The resolution of 1920x1200 is the main one for top-end graphics cards because 2560x1600 is only supported by the most expensive monitors and is rather rarely used. The Radeon HD 5970 shows its best here, enjoying an average advantage of 36% and 26% over the Radeon HD 5870 and GeForce GTX 295, respectively. It is still no winner in Wolfenstein and Tom Clancy’s H.A.W.X. but the gap from the GeForce GTX 295 has shrunk to 5% in the former of these two games. The maximum overclocking gain is 25%, in Crysis Warhead. It is in that game that the Radeon HD 5970 delivers a comfortable performance – something that no other graphics card has been unable to achieve.

The resolution of 2560x1600 is the pinnacle of all gaming and the Radeon HD 5970 leaves all its opponents behind here. It even catches up with the GeForce GTX 295 in Tom Clancy’s H.A.W.X. Moreover, the maximum gap from the previous-generation solutions ranges from 100% (in comparison with the Radeon HD 4870 X2) to 200% (compared with the GeForce GTX 295). This biggest gap could be observed in S.T.A.L.K.E.R.: Call of Pripyat where the new card delivered a playable frame rate at the highest graphics quality settings. Overclocking is not as rewarding as at 1920x1200: the maximum performance growth was 19% and we saw it in Far Cry 2.

ATI Radeon HD 5970 Summary

Our suppositions proved totally correct: Radeon HD 5970 did prove to be the fastest gaming graphics cards. And could there have been any other outcome if Radeon HD 5870 with only one RV870 core was in most cases not any slower but sometimes even faster than previous generation dual-processor solutions. Radeon HD 5970, however, has two cores like that onboard. True, since AMD graphics division had to lower the GPU and memory frequencies of the newcomer, its scalability turned out far from the theoretical maximum, but even in this case Radeon HD 5970 didn’t leave Nvidia a single chance. And this situation is going to continue at least until gaming Nvidia solutions on Fermi come out, but even then it is not yet clear, which side will eventually win. The single-processor model of this solution will be a priori inferior to Radeon HD 5970 in terms of technical specifications and computational capacity and the dual-processor modification of this new card will definitely turn out extremely complex and unrealistically expensive. In fact, it may be so complex and expensive that it may never see the light of day. So, we have to admit that AMD one more time managed to secure their ultimate leadership in the 3D gaming graphics market and they have every intention to maintain it for a long time.

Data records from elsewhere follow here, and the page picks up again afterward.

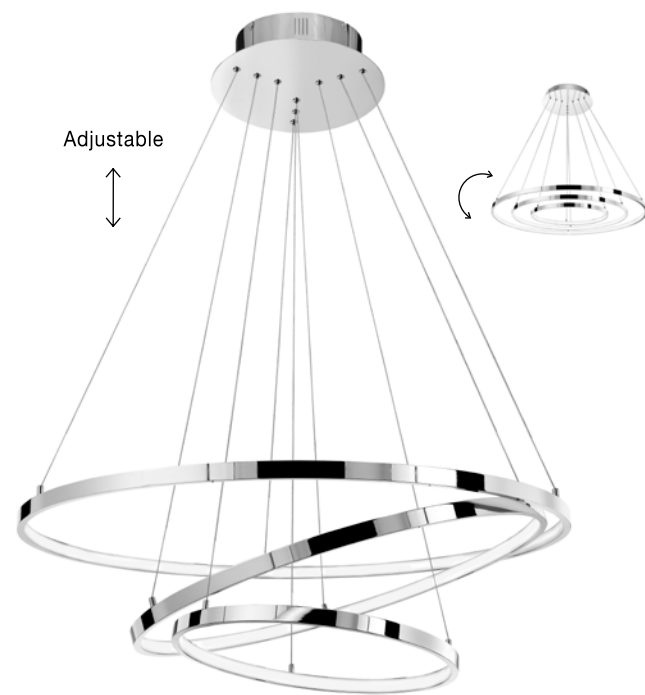

ARIA - 17222004 | 17222004 D

Not Dimmable | Dimmable

Chrome Aluminium & Acrylic
Adjustable
LED 145 Watt 230 Volt
8100Lm 3000K IP20
D: 80 H: 120 cm

ARIA - 17222003 | 17222003 D

Not Dimmable | Dimmable

Chrome Aluminium & Acrylic
Adjustable
LED 85 Watt 230 Volt
4500Lm 3000K IP20
D: 60 H: 120 cm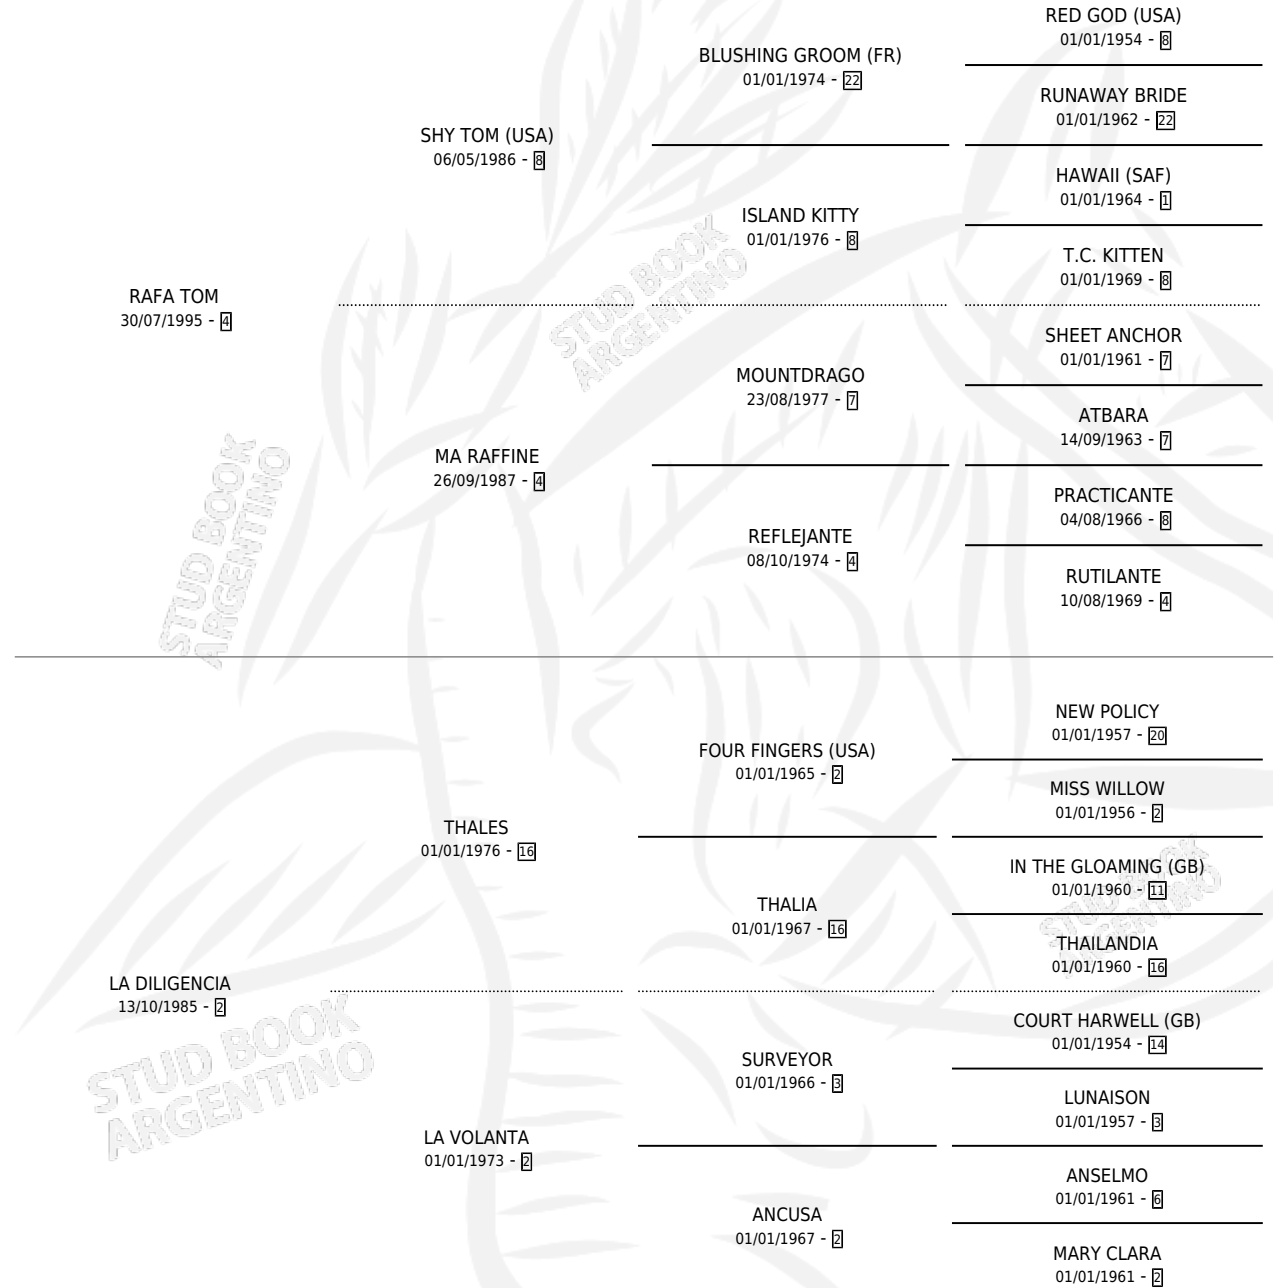

FRACTURITA

por RAFA TOM y LA DILIGENCIA por THALES

Argentina · Hembra · Alazan · SP · 09/08/2000
Familia 2-g · Volumen 37

ESTADO

TIPIFICACIÓN SANGUÍNEA	X
TIPIFICACIÓN POR ADN	X
PASAPORTE	X
IDENTIFICACIÓN POR MICROCHIP	X
REPRODUCTOR	X

Lugar de nacimiento: El Tio

Criador: El Tio

PEDIGREE

FRACTURITA

Datos oficiales del Stud Book Argentino

Documento generado el 07/05/2026

studbook.org.ar

Among the drawbacks of the new Radeon HD 5970 we should point out only large size and relatively high level of generated noise created by its cooling system in 3D mode. But no one has expected a solution designed to demonstrate uncompromising performance advantage in contemporary games to be compact and quiet. Yes, you do have to pay for having two RV870 GPUs onboard, but in our opinion the sacrifices are pretty reasonable. Among other drawbacks we could also mention high price of the new Radeon HD 5970 card, $599, but solutions of this class have never been cheap. Besides, the history of gaming 3D has known even higher prices: remember Nvidia GeForce 880 Ultra that was selling at more than $800. Any enthusiast with $600 budget who wishes to achieve unprecedented gaming speed will be happy to invest in Radeon HD 5970.